Dataset excerpts START
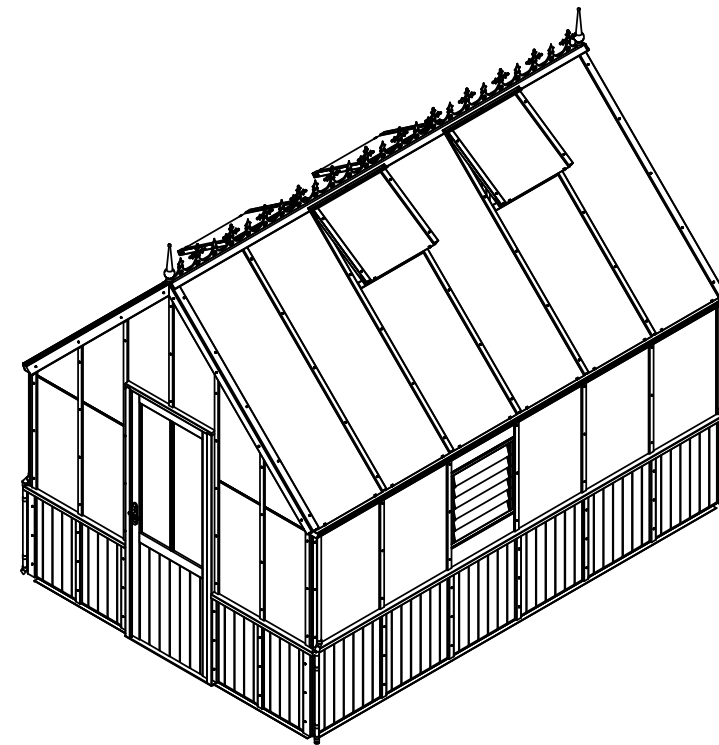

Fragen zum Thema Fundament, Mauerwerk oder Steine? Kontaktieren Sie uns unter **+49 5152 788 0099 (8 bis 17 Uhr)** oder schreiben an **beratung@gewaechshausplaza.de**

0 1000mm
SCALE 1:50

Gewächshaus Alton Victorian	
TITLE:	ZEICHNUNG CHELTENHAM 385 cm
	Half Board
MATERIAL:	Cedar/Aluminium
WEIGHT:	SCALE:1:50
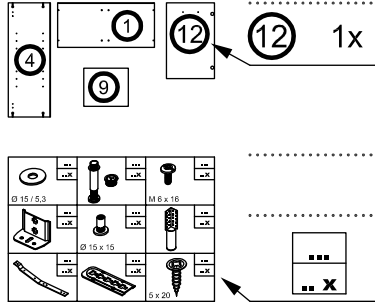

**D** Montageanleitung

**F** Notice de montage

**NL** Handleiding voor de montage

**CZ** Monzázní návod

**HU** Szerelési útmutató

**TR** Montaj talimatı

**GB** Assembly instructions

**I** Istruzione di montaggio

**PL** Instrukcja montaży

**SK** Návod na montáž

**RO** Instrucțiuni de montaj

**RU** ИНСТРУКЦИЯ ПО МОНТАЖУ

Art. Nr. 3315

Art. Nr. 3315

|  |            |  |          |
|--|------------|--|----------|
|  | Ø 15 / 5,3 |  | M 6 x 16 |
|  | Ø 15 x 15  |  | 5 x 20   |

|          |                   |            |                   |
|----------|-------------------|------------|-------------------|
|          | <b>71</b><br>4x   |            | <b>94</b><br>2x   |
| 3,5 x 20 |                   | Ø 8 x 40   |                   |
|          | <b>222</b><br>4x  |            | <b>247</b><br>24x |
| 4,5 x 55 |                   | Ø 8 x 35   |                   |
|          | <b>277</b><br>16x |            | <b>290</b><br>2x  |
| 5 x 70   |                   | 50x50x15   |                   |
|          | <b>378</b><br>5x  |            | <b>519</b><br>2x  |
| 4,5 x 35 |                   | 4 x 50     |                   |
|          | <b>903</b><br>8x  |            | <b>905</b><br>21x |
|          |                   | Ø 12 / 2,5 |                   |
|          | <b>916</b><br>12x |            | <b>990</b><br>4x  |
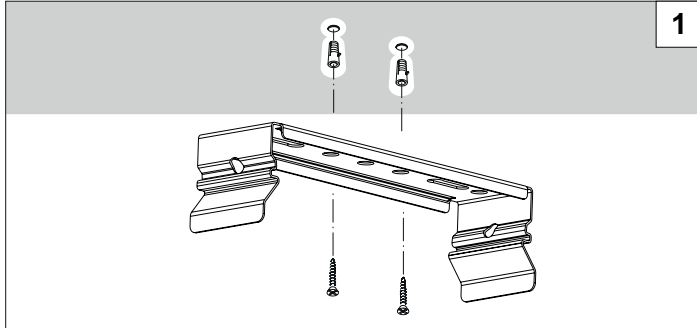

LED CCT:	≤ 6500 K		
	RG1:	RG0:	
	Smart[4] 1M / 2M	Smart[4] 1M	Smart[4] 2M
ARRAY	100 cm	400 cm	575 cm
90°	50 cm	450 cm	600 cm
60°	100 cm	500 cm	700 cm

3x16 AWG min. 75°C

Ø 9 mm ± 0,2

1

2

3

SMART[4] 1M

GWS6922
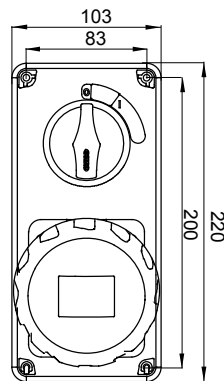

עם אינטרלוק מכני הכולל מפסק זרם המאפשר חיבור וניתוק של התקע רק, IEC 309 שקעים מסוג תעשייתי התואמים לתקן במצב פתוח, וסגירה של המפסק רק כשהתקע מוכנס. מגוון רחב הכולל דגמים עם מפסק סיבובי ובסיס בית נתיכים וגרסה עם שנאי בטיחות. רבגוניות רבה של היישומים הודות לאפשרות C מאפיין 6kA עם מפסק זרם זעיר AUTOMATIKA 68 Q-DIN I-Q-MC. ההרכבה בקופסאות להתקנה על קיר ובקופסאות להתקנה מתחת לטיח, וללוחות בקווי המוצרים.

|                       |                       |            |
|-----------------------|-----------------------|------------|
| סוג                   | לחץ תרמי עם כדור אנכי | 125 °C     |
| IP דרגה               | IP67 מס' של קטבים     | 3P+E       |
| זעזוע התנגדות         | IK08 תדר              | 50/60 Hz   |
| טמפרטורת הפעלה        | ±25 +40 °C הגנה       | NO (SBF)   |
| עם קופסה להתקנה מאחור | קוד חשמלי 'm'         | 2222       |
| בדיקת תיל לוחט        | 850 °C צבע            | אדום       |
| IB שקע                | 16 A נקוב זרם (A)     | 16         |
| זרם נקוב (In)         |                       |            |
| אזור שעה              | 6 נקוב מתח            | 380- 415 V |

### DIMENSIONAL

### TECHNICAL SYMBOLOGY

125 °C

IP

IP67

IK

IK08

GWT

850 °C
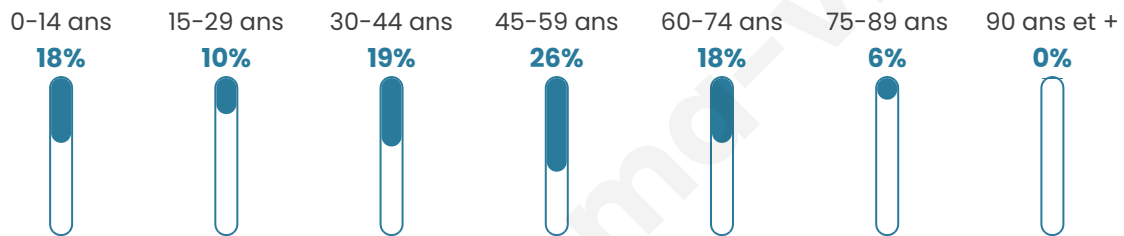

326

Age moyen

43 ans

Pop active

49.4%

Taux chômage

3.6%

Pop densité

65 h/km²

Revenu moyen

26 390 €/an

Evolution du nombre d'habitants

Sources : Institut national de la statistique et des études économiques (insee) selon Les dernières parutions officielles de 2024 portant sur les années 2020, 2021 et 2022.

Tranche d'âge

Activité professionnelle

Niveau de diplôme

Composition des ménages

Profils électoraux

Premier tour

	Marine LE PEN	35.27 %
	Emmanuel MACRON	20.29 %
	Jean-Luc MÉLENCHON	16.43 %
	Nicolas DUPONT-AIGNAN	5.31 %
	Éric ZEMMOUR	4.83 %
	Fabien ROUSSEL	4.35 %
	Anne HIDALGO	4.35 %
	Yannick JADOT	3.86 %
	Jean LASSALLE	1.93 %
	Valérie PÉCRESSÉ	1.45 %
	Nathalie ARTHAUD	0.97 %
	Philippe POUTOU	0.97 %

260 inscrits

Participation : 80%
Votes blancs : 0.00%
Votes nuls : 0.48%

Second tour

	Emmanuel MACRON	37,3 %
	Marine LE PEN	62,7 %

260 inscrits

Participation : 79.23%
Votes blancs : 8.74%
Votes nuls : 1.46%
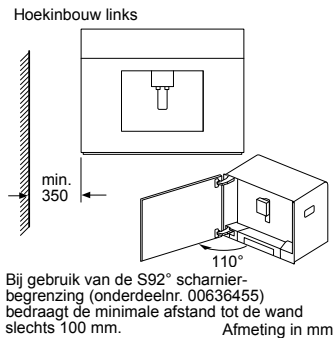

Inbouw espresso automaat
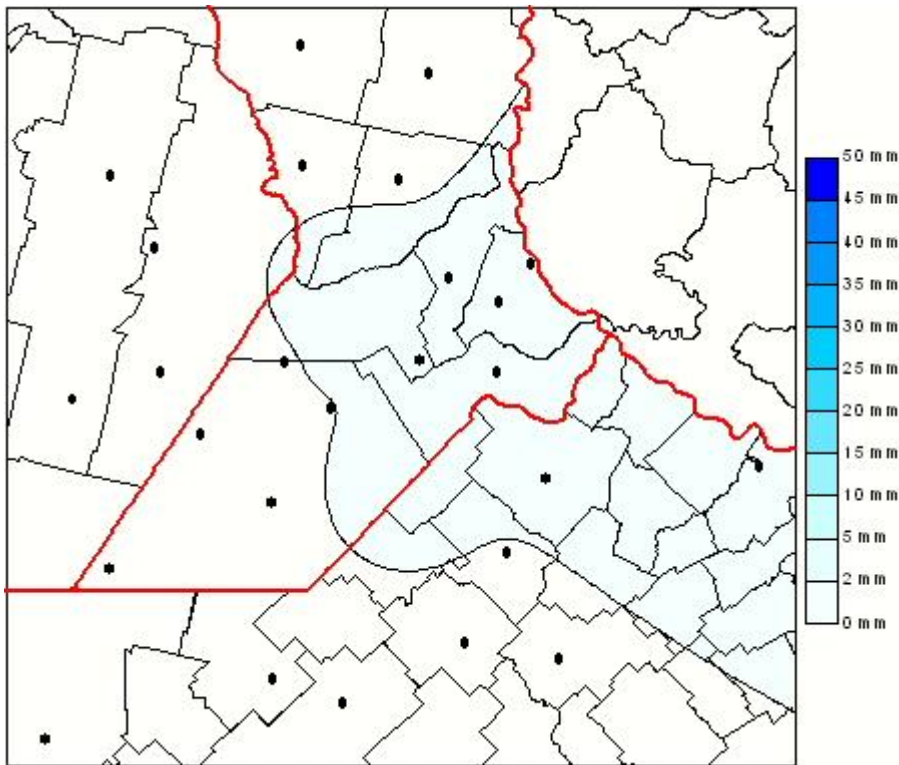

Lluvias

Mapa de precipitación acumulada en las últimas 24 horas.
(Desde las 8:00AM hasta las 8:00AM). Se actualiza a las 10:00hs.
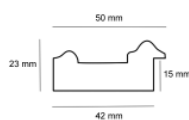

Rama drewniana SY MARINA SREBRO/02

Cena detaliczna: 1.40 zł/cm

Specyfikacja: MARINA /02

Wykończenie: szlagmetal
Dataset excerpts END
=== Exercise goal ===
State how many lines in the listing above contain "Votes". Offer nothing besides that number.

=== Exercise response ===
4